=== Section Start ===
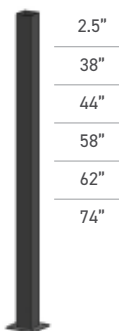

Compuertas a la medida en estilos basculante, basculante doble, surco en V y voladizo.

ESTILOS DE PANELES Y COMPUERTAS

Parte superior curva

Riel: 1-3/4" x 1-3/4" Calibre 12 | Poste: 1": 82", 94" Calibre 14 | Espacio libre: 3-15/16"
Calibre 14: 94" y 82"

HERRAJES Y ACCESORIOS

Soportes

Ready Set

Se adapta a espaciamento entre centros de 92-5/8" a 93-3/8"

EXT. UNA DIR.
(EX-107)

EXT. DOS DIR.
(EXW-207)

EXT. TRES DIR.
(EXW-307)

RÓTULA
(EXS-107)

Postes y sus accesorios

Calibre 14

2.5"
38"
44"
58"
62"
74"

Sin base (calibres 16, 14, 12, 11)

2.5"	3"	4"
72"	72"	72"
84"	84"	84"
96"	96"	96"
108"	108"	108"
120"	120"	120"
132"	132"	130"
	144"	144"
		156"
=== Section End ===
=== Section Start ===
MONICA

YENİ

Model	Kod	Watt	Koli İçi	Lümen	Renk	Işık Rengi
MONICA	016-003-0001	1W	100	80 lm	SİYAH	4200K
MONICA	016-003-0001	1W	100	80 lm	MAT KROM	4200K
=== Section End ===
Assigned task: Return every line above in which the string "MONICA" occurs.

Final answer:
MONICA
MONICA	016-003-0001	1W	100	80 lm	SİYAH	4200K
MONICA	016-003-0001	1W	100	80 lm	MAT KROM	4200K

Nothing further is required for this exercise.